Very nice Bayside BNR34!


----------



## Taven888 (Mar 30, 2011)

Still got em i think or ide have to get em made bk up!!


----------



## skylineman34 (Dec 14, 2012)

i want the nismo on my intercooler to. but cant find the stencil like this for it anywhere.


----------



## Taven888 (Mar 30, 2011)

postage over there?


----------



## skylineman34 (Dec 14, 2012)

postage to aus?


----------



## Taven888 (Mar 30, 2011)

Yeah havent a clue wat it wud be.


----------



## skylineman34 (Dec 14, 2012)

if its just a sticker, i cant imagine that it would be too much. it doesnt weigh anything. i've got a few things from the UK off ebay...like other stickers and that sort of thing. postage was about $25 aus. so whatever that translates too.


----------



## Taven888 (Mar 30, 2011)

Update, Nowt ha ha, 

I need some front roter replacements tho, so thats next for now.

Stop tech 355mm.


----------



## DINGER B (Jul 8, 2012)

The 34 is still looking amazing mate. Top work.


----------



## Taven888 (Mar 30, 2011)

Thanks mate!!


----------



## nailsgtr600 (Aug 2, 2007)

have you sorted the engine mate?


----------



## Taven888 (Mar 30, 2011)

No its just sat mate, burns to much oil now.


----------



## Taven888 (Mar 30, 2011)

Somthing to cheer about i have a new battery lol.

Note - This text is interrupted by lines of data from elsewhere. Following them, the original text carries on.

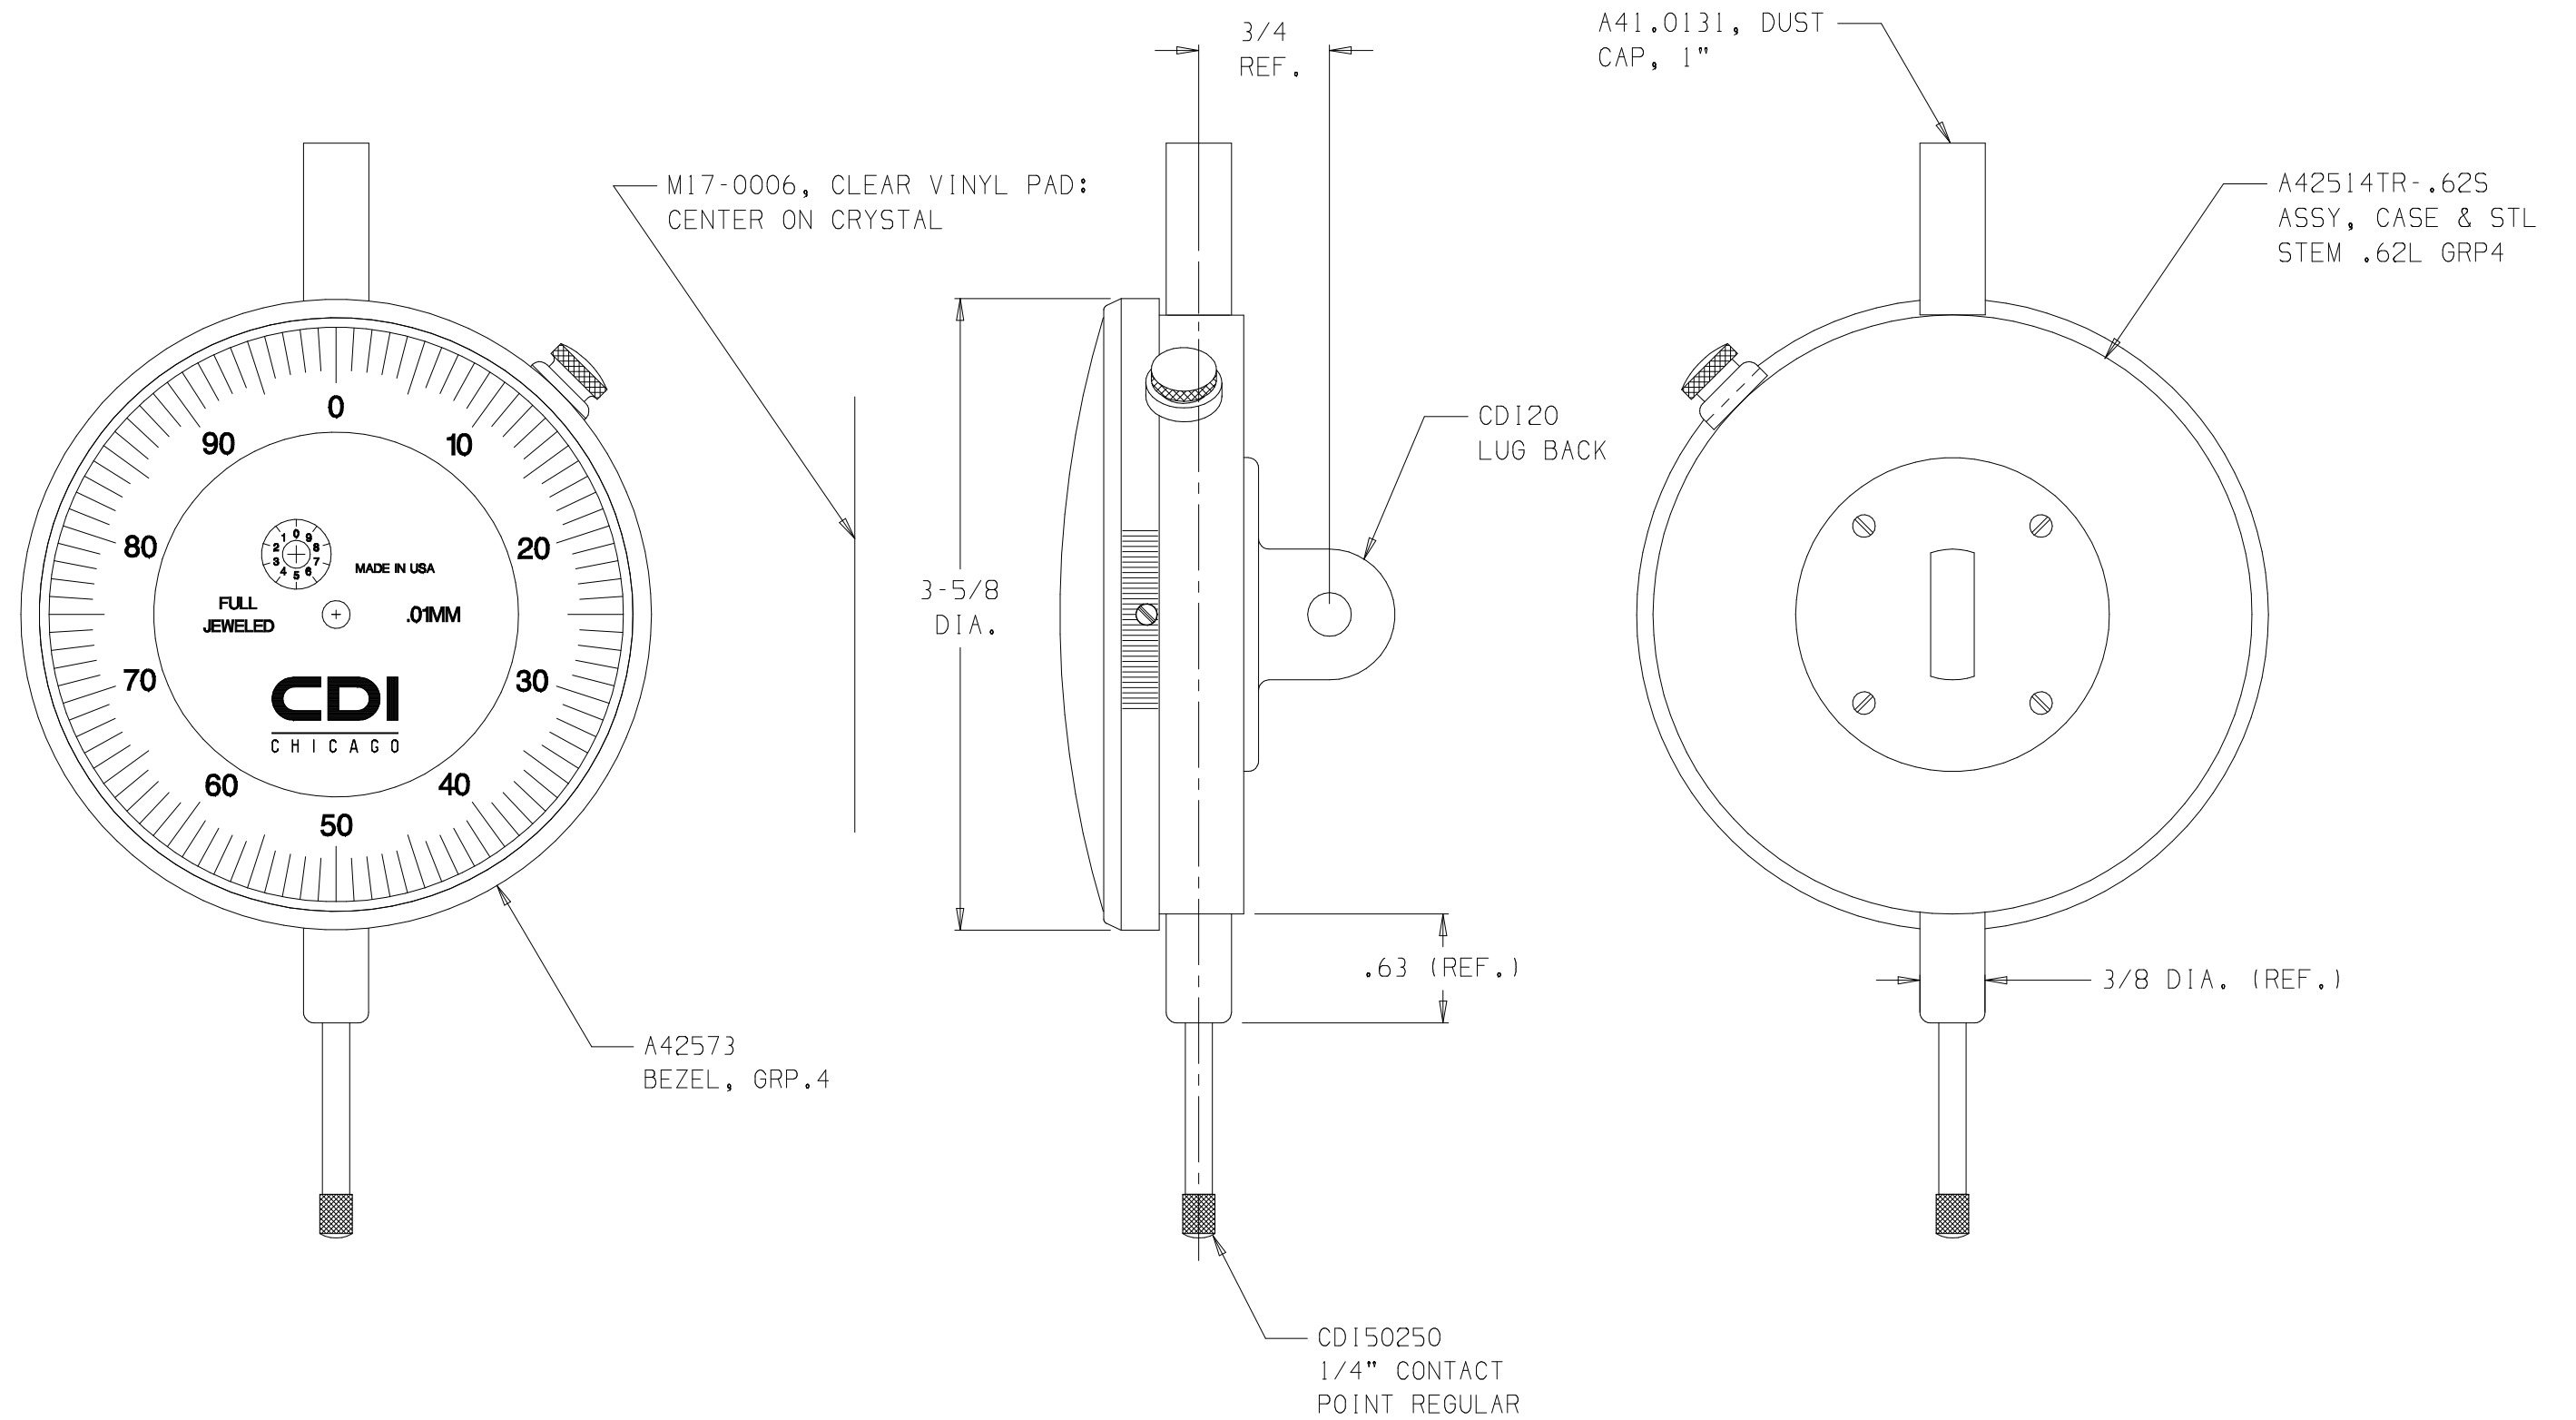

NOTE:
YELLOW DIAL FACE WITH BLACK TEXT

54250CJ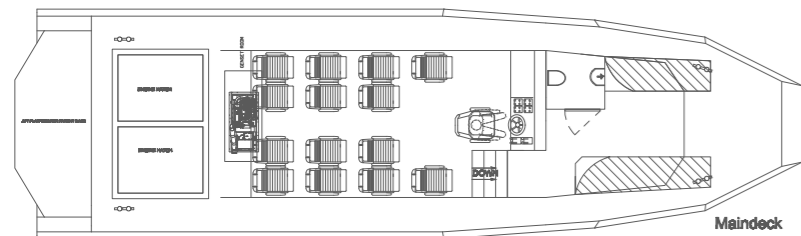

HD 1404P

13 meter HDPE Patrol Boat

PARTICULARS	
Hull	HDPE
Wheelhouse	HDPE
Length	14.00 m
Beam	4.00 m
Displacement (Max)	10000 kg
Draft	0.65 m
Classification	TBC
PERFORMANCE	
Max Speed	30 knots
Cruise Speed	20 knots
PROPULSION	
Engines	Cummins QSL9
Propulsion	WaterJet
Power	2 x 425 hp
CAPACITIES	
Fuel	2000 L
Fresh Water	400 L
Waste Water	TBC
Complement	8 + 1 person
ELECTRICAL	
Power Supply	220V AC - 12V DC (3x100Ah)
Genset	Onan 4kW
Air Conditioning	Optional
NAVIGATION	
- Compass	- Echo sounder
- Navigation lights	- Satellite compass
- VHF radio	- EPIRB
- GPS	
- Radar	
OPTIONAL EXTRAS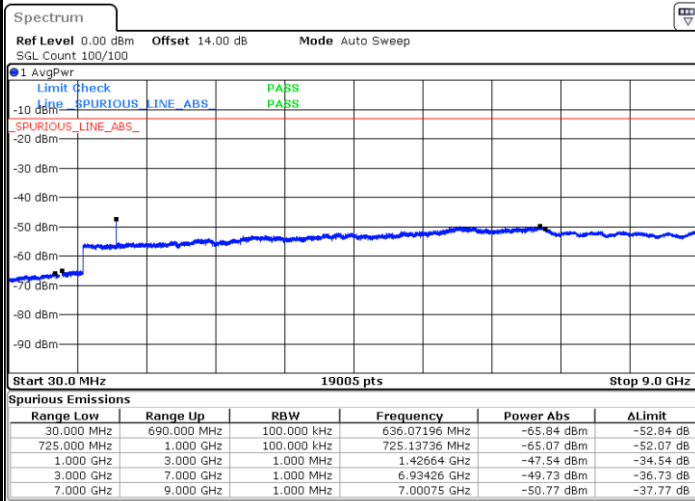

Date: 21.MAY.2021 17:01:35

Highest Channel / QPSK

Date: 21.MAY.2021 17:11:03

Highest Channel / 16QAM

Date: 21.MAY.2021 17:12:01

LTE Band 12 / 1.4MHz

Lowest Channel / 64QAM

Middle Channel / 64QAM

Date: 21.MAY.2021 17:50:02

Date: 21.MAY.2021 17:51:40

Highest Channel / 64QAM

Date: 21.MAY.2021 17:56:16

LTE Band 12 / 3MHz

Lowest Channel / 64QAM

Middle Channel / 64QAM

Date: 21.MAY.2021 16:10:01

Date: 21.MAY.2021 16:11:39

Highest Channel / 64QAM

Date: 21.MAY.2021 16:16:14

LTE Band 12 / 5MHz

Lowest Channel / 64QAM

Middle Channel / 64QAM

Highest Channel / 64QAM

LTE Band 12 / 10MHz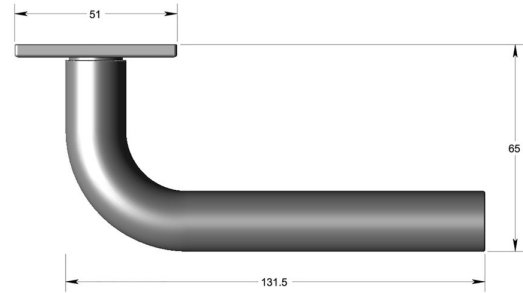

Straight lever handle 19mm dia on square rose

Product image

Dimensions drawing (DIM)

Reference

FL102 19 SR4 PB

Finish

Incasa polished brass

Material

Brass

Backplate

SR4

Description

19mm dia solid round section handle
 Concealed fixing
 High performance bearing rose
 Back to back fixings
 Conforms to EN1906 high usage
 Suitable for use on fire doors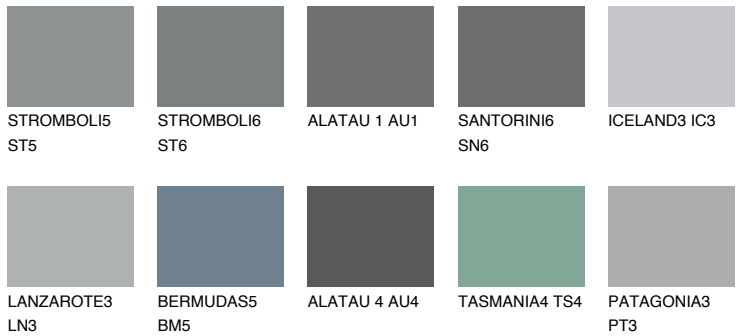

COLOUR DETAILS

ALATAU 6 AU6

9% **TSR** 9%

Matching colours

COLOURS

INTENSE

For more information on plasters and paints, go to www.ceresit.en

*The presented colours refer to plasters and paints offered by Ceresit. Due to the use of digital techniques, the presented colours might not represent the original ones, thus they cannot be considered as a reliable colour presentation. We recommend checking the authentic colour samples.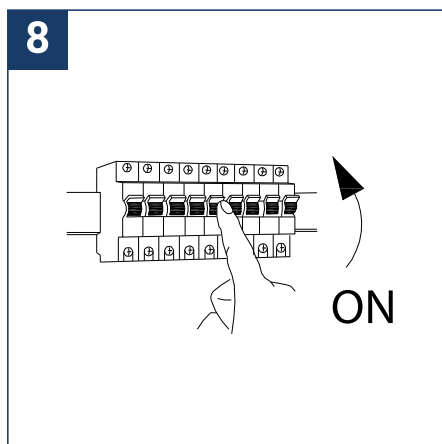

Ref : 80630-80631

! <https://www.midex.com/283-connecteurs-etanches-et-boites-de-derivation>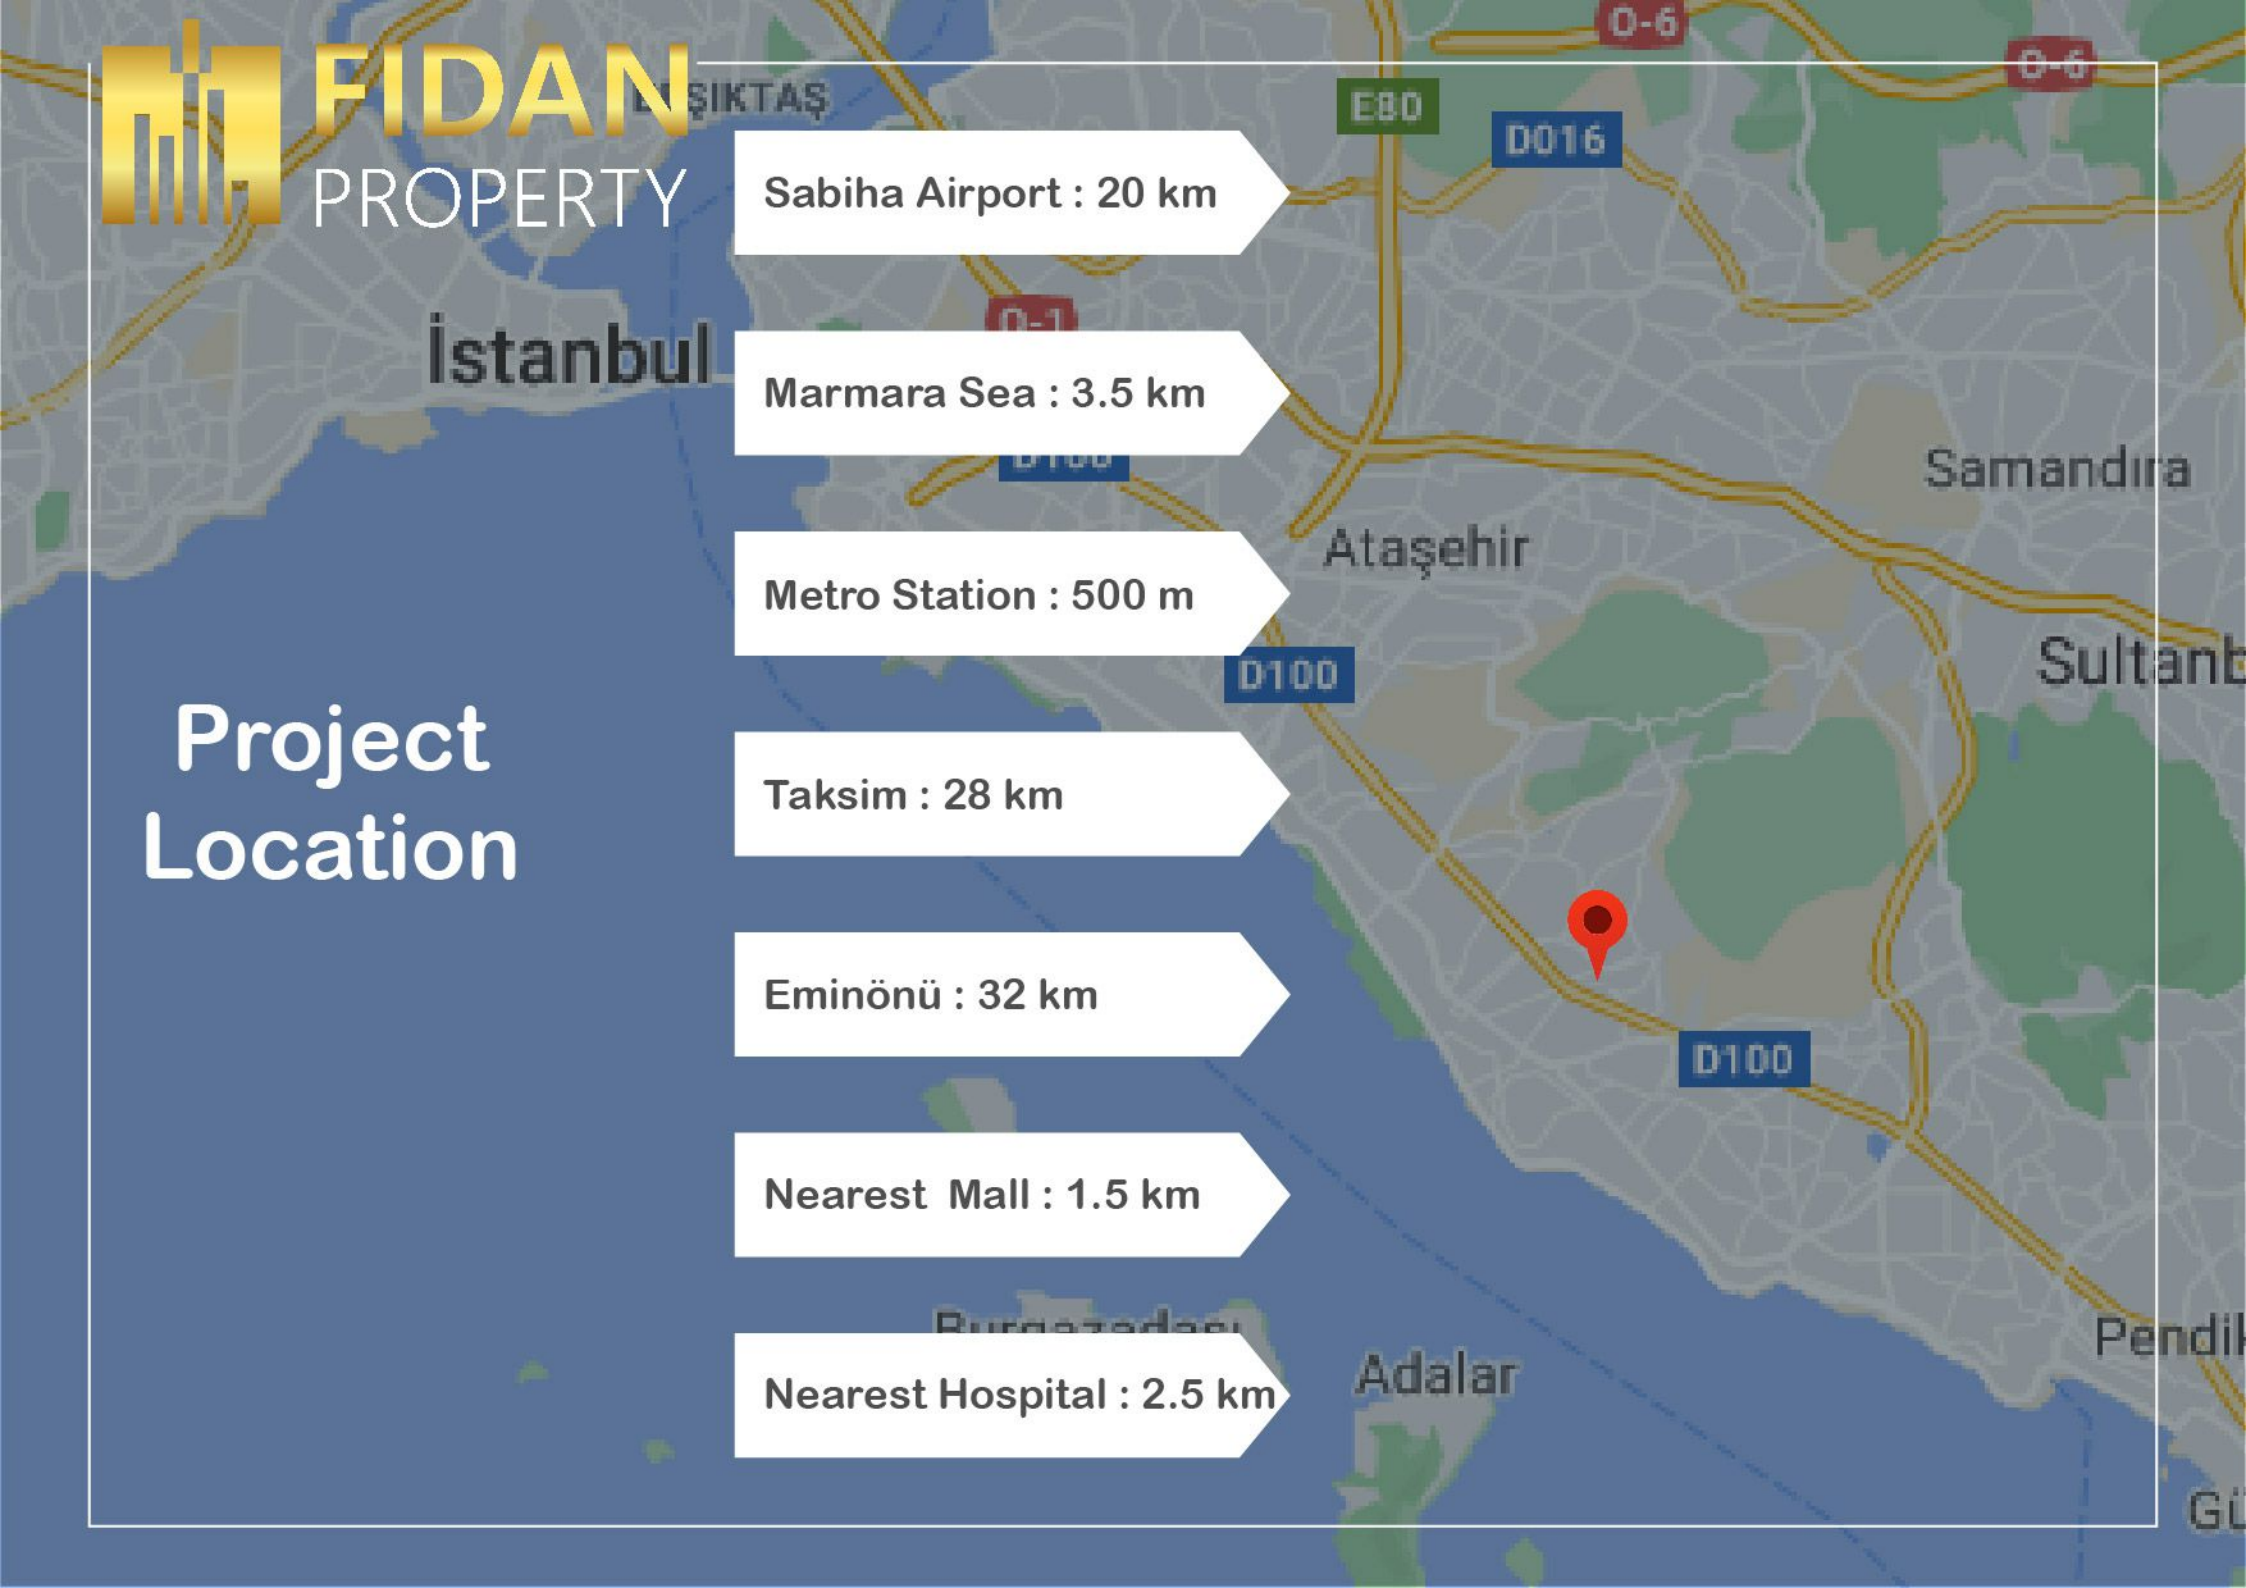

## Project Location

Sabiha Airport : 20 km

Marmara Sea : 3.5 km

Metro Station : 500 m

Taksim : 28 km

Eminönü : 32 km

Nearest Mall : 1.5 km

Nearest Hospital : 2.5 km

Well engine specs and parts priced. Looking forward to taking the engine out and getting started on her.
Putting her back to the spec she should be is the aim. Just debating turbo route, as im going to sell the greddys.


----------



## Taven888 (Mar 30, 2011)

hope neil at greenlight come up with a decent quote for insurance


----------



## Taven888 (Mar 30, 2011)

Discs all sorted waiting for my new pads now, carbon Lorraine!


----------



## ciapek (May 21, 2008)

Very nice GT-R. Any pics updates ?


----------



## Taven888 (Mar 30, 2011)

ive just had fitted new pads all round, and refaced discs. Complete new brake fluid to, Brakes feeling awesome.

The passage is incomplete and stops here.